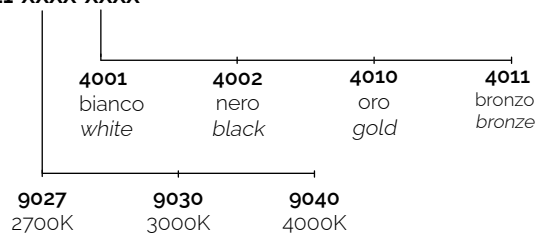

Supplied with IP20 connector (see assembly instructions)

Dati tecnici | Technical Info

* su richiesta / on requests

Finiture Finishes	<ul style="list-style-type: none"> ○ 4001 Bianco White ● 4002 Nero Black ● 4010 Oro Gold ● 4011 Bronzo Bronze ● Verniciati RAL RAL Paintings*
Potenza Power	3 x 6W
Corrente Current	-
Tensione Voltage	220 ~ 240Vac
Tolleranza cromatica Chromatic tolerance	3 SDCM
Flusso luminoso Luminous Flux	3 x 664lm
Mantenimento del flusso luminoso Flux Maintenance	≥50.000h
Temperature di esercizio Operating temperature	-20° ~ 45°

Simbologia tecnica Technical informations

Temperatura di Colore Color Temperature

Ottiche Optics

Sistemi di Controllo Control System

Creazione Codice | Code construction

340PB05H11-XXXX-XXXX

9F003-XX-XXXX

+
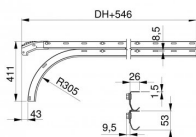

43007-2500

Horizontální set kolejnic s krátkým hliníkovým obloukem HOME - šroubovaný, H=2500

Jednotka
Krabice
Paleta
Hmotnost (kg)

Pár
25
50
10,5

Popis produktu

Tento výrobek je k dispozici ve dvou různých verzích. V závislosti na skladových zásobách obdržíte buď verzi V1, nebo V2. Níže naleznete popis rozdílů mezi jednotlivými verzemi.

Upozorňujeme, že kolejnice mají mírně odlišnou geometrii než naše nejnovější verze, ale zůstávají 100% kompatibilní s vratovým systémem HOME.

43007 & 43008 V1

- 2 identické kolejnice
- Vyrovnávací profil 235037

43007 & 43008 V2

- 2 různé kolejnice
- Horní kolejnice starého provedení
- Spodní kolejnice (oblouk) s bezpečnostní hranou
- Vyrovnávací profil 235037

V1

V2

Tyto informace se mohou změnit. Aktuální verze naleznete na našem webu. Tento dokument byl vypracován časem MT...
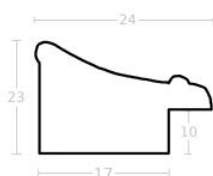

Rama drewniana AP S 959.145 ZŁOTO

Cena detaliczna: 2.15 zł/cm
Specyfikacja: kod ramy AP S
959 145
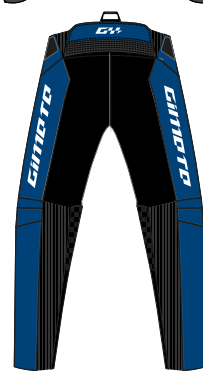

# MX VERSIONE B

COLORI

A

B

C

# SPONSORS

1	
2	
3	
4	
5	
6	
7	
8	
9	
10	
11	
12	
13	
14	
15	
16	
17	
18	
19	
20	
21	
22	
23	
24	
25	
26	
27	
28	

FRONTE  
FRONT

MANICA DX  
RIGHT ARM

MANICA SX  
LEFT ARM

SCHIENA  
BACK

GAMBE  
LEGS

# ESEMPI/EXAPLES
* * * * * * *
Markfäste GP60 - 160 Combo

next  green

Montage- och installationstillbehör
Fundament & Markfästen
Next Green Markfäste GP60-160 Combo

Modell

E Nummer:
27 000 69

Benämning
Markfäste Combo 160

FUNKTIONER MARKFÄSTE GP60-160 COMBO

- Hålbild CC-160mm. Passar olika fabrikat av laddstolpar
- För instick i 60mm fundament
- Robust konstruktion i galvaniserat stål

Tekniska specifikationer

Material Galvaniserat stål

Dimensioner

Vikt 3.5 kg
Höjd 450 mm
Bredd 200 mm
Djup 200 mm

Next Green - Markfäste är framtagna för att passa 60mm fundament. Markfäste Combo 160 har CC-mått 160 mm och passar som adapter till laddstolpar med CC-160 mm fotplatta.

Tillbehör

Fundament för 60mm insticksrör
* * * * * * *
## What to produce
Check each line of the entries for "laddstolpar" and copy those that have it.

## Solution to this task
- Hålbild CC-160mm. Passar olika fabrikat av laddstolpar
Next Green - Markfäste är framtagna för att passa 60mm fundament. Markfäste Combo 160 har CC-mått 160 mm och passar som adapter till laddstolpar med CC-160 mm fotplatta.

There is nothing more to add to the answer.